Lessons from Mars 500
"The crew is doing well," says Peter Gräf of the German Aerospace Center (Deutsches Zentrum für Luft- und Raumfahrt; DLR), Project Manager for the German part of the mission. He is pleased with the research results thus far: "The scientists working on the 11 German experiments have already started their initial assessments and are very satisfied with the quality of the data."
Harmony among the crew
"We found a pleasant and unexpected feeling of harmony among the crew. The structure of the relationship between crewmembers remained relatively stable throughout the mission." But, as Italian Diego Urbina explained over the loudspeaker in the control room in the days before exiting the spacecraft, there were still things that they longed for during their isolation in the virtual spacecraft: "Of course, I will be delighted to see my family and friends again," he explained, "But I have also missed seeing unfamiliar faces and getting to appreciate other viewpoints."
Stress and isolation
These results are also important for another experiment, in which doctors are studying the effects of stress caused by isolation and unusual living conditions on the immune system.

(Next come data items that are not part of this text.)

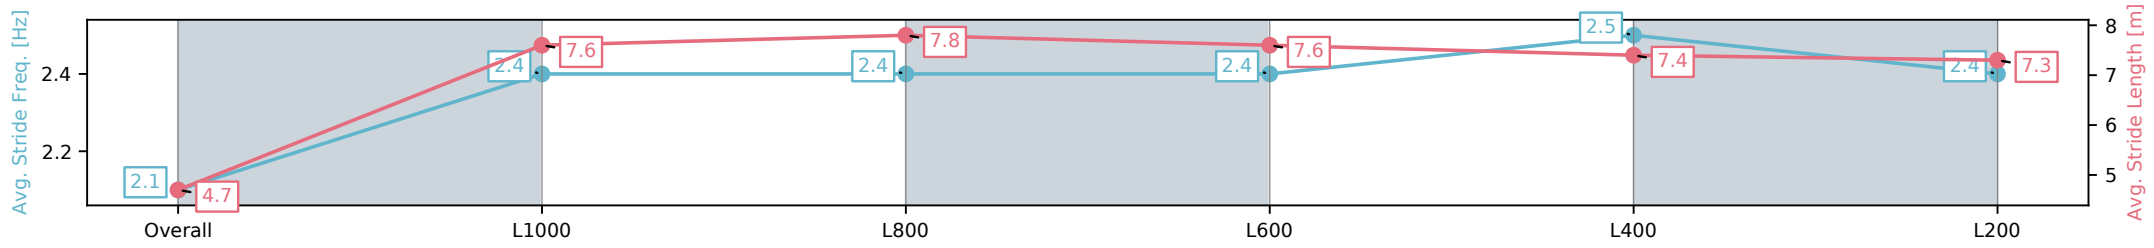

Horse/Jockey Name	EXTREMELY LUCKY/Todd Pannell
Finish Rank	2
Fastest Section Time (Section)	0:10.74 (L1000)
Top Speed [km/h] (Section)	68.9 (L1000)
Race State	Finished

Morphettville SA - Professional
Race 8: Sportsbet Durbridge Stakes (Leg 2 Summer Sprint Series) - 1100m

25 January 2025 - 4:39PM

Track Rating: Good 4, Weather: Fine, Rail Position: True

Section	Overall	L1000	L800	L600	L400	L200
Section Times	1:03.36 [2] (0:09.05)	0:54.31 [6] (0:10.74)	0:43.57 [6] (0:10.76)	0:32.81 [6] (0:10.89)	0:21.92 [6] (0:10.74)	0:11.18 [6] (0:11.18)
Average Speed [km/h]	39.7	67.1	67.2	66.5	67.1	64.3
Top Speed [km/h]	62.6	68.4	68.9	67.6	67.8	66.7
Avg. Dist. to Rail [m]	7.5	2.4	1.6	0.5	2.4	5.6
Avg. Stride Freq. [Hz]	2.1	2.4	2.4	2.4	2.5	2.4
Avg. Stride Length [m]	4.7	7.6	7.8	7.6	7.4	7.3

- [ ] Ranking at each section and finish
- -:-:- No data available at this section
- NA No data available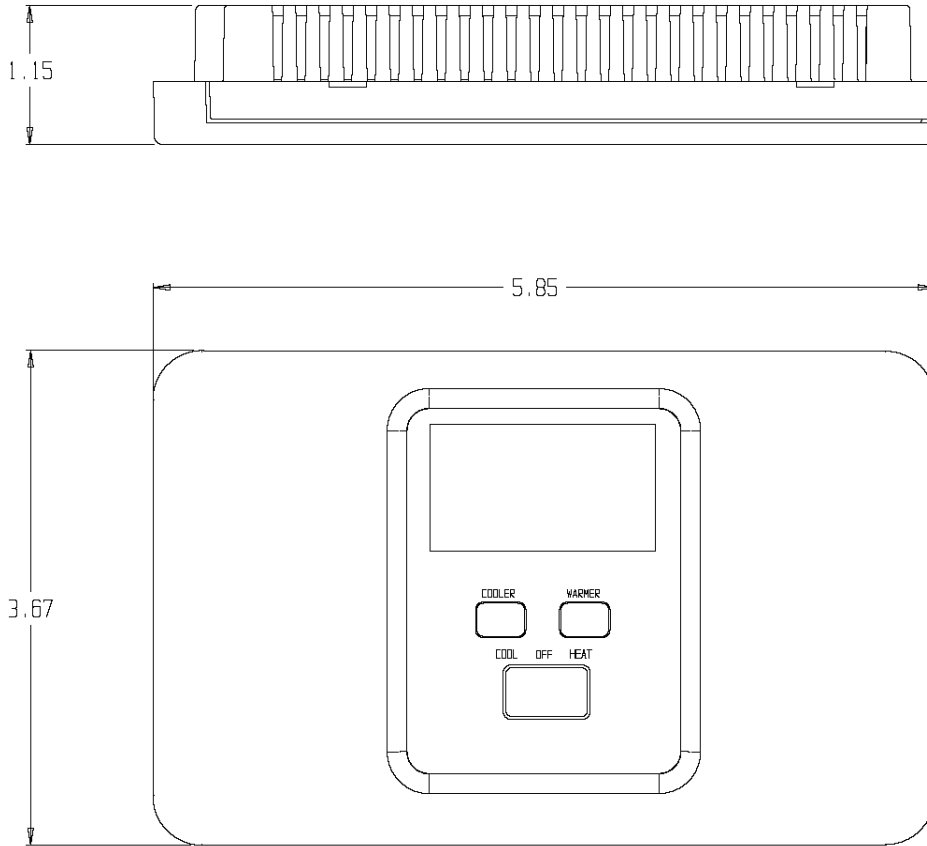

7-Day Programmable Thermostat S1-THEM22P7S

STANDARD FEATURES:

- Commercial 7- day programmable with up to 3 occupied time periods
- 2-stage heat, 2-stage cool for use with gas/electric, heat pump, electric and hydronic
- Auto changeover
- Can be used as programmable or non-programmable
- Auxiliary heat indicator
- Works with 24-volt system power
- Large, easy to read LED backlit display
- Extremely simple to operate and program
- Sleek styling and white color blends beautifully into any decor
- All programming and setpoints stored in non-volatile memory, and are never lost in power failure
- 5-minute compressor time guard and adjustable cycle limit, both defeatable for servicing equipment
- Fully electronic for accurate, responsive temperature control
- Keypad lockout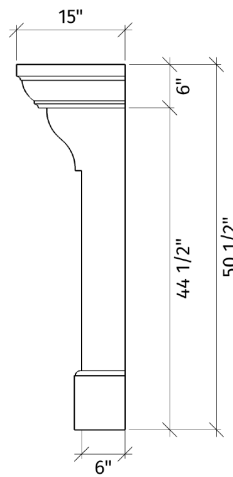

Regal

palais grand

72" Tall

INFILL PANELS: 2pcs 12" x 45", 1pcs 18" x 45"

Classic. Elemental.

The Regal mantel's simple elegance gives it a traditional charm without the typical visual weight of classic styles. Its clean open lines allow it to be dressed up or down to suite either family room or formal interiors.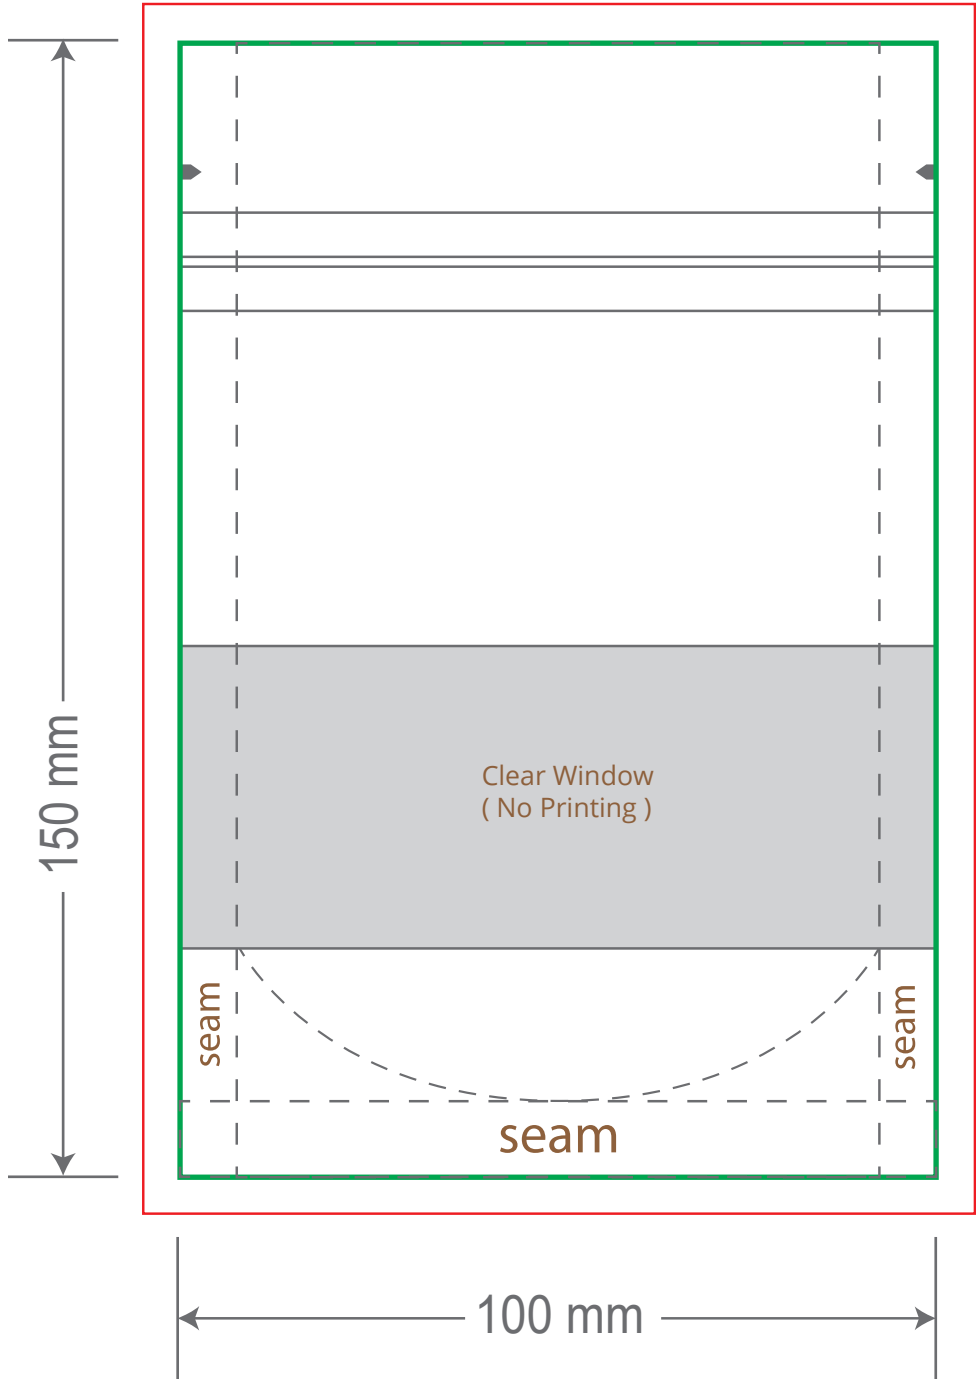

Front

Back

Green area is the bag area can with printing, except the window area.

Red area is the bleed area, please extend your artwork outside the green area within the red area.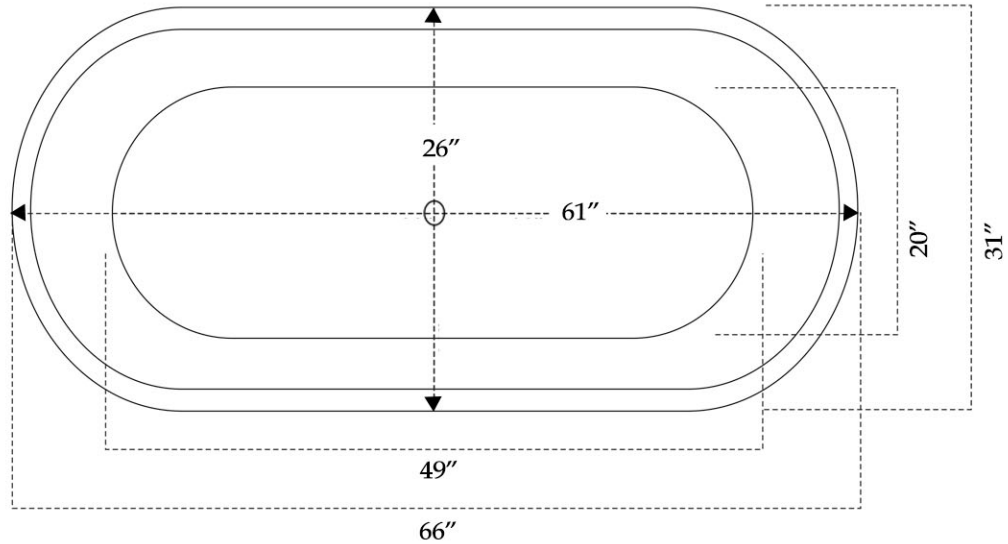

# MAIDSTONE

[www.MaidstoneSupply.com](http://www.MaidstoneSupply.com)

Copper Freestanding Double Ended Bathtub

Part No: 3DE66-0-M

Weight (empty): 98 lbs

Contact Maidstone for additional information and specifications. For complete warranty information and a list of dealers visit [www.MaidstoneSupply.com](http://www.MaidstoneSupply.com). All products and specifications are subject to change without notice. Maidstone is not responsible for typographical and/or dimensional errors. Typographical errors are subject to correction.

Note: Rough-in dimensions may vary +/- 1/2" and are subject to change. No responsibility is assumed by Maidstone.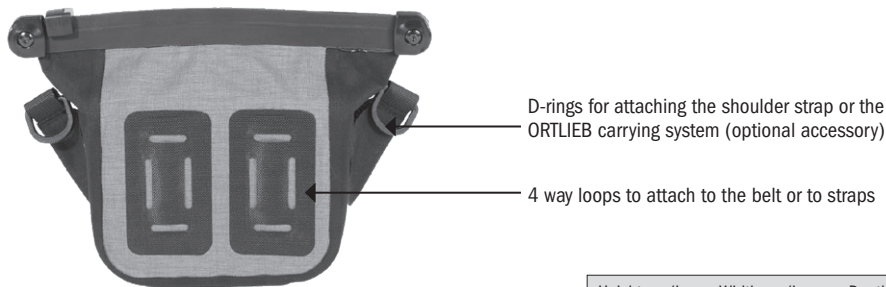

PROTECT

Padded camera bag for compact cameras

Height cm/in.	Width cm/in.	Depth cm/in.	Vol. l/cu.in.	Weight g/oz.
12/4.7	15/5.9	7/2.8	1.3/79	110/3.9

Figures apply to inner dimensions

- Protects compact cameras against rain and spray
- Padded bag protects against mechanical impacts
- Waterproof Quick-Seal-Closure
- Slider for easy and fast closing
- D-rings for fixation of the ORTLIEB harness system (optional accessory)
- Welded on loops on the back side for horizontal or vertical attachment at belts or other bags with straps
- Also ideal for video cameras and binoculars
- Temperatures below -5°C/23°F may affect the function of the sealing lip

Bag is supplied with carrying strap and internal padding

PRODUCT-INFO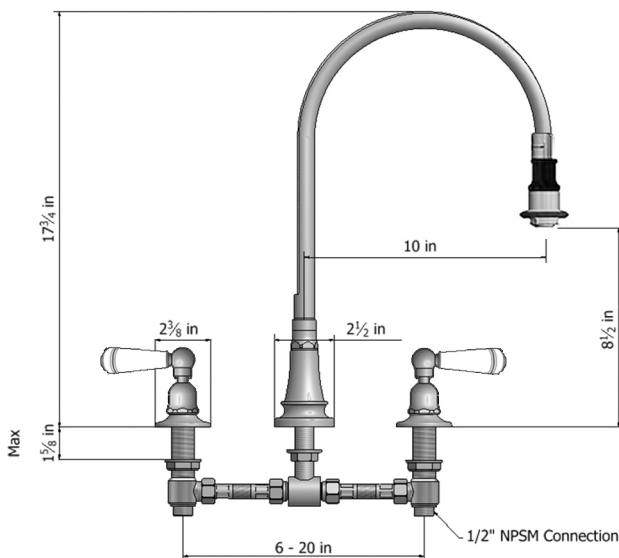

SPECIFICATION DRAWING: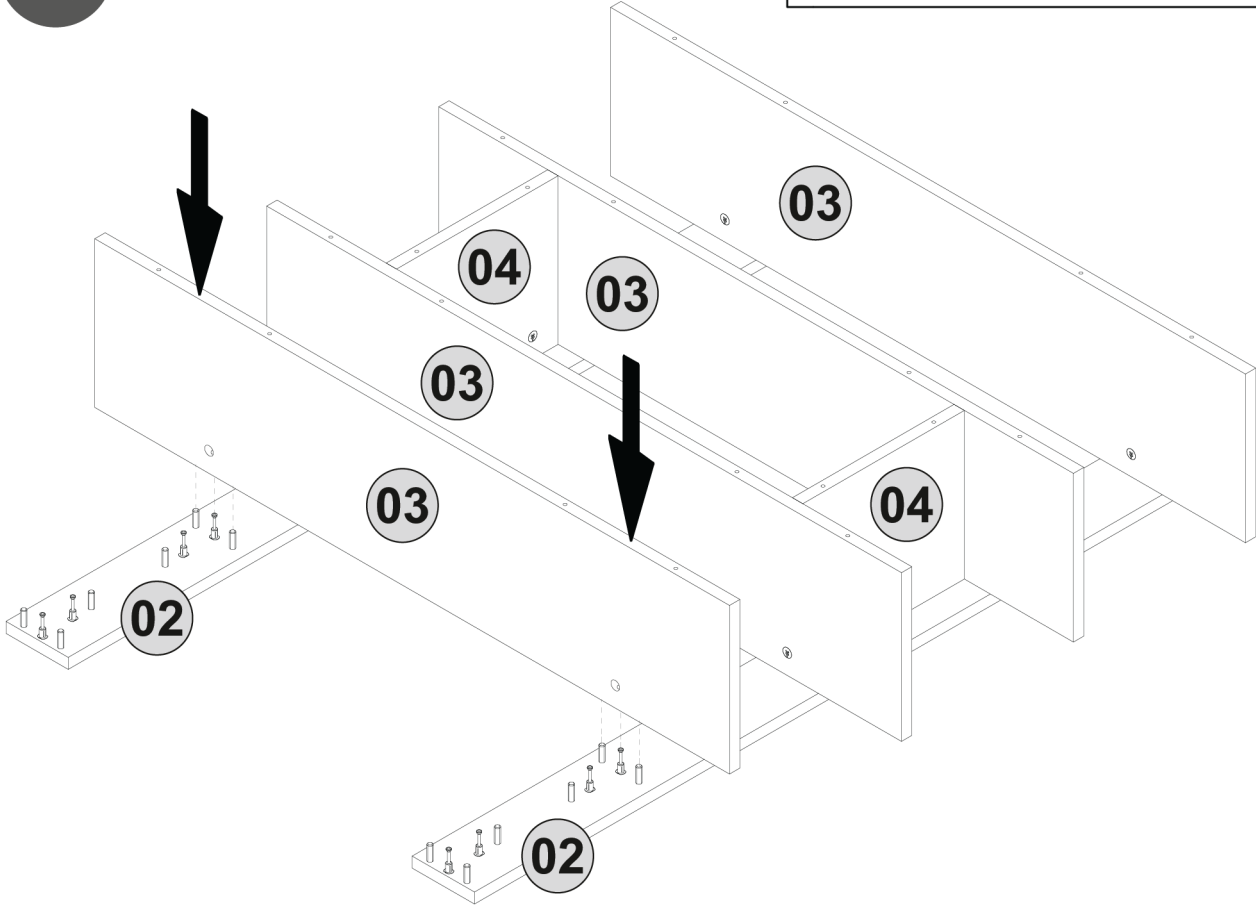

7

NCC5637LO
Niche Storage Console Cabinet 37"H x 56"W

8

9

NCC5637LO
Niche Storage Console Cabinet 37"H x 56"W

10

Missing Parts? Assembly Questions? Call us at 1-866-816-3822 or email help@regencyof.com for immediate assistance.

"We have identified significant changes in the test subjects' immune systems, which are comparable with changes we have also seen in astronauts during actual spaceflights," says Alexander Choukèr of the Ludwig Maximilian University in Munich, summarising the initial results.
To be able to draw conclusions on the condition of the immune system over the course of the 520-day mission, the doctor is analysing blood, urine and saliva samples as well as respiratory gas samples. These results can subsequently be applied to patients who are exposed to stress in intensive care units, for example. The Mars500 cosmonauts are facing yet another study; brain scans will be carried out at the end of November to determine whether the stress of their virtual flight has had any effects on the structure of the brain. "We can compare these with the brain scans taken before the mission, to analyse whether connections between areas of the brain have changed as a result of isolation and stress."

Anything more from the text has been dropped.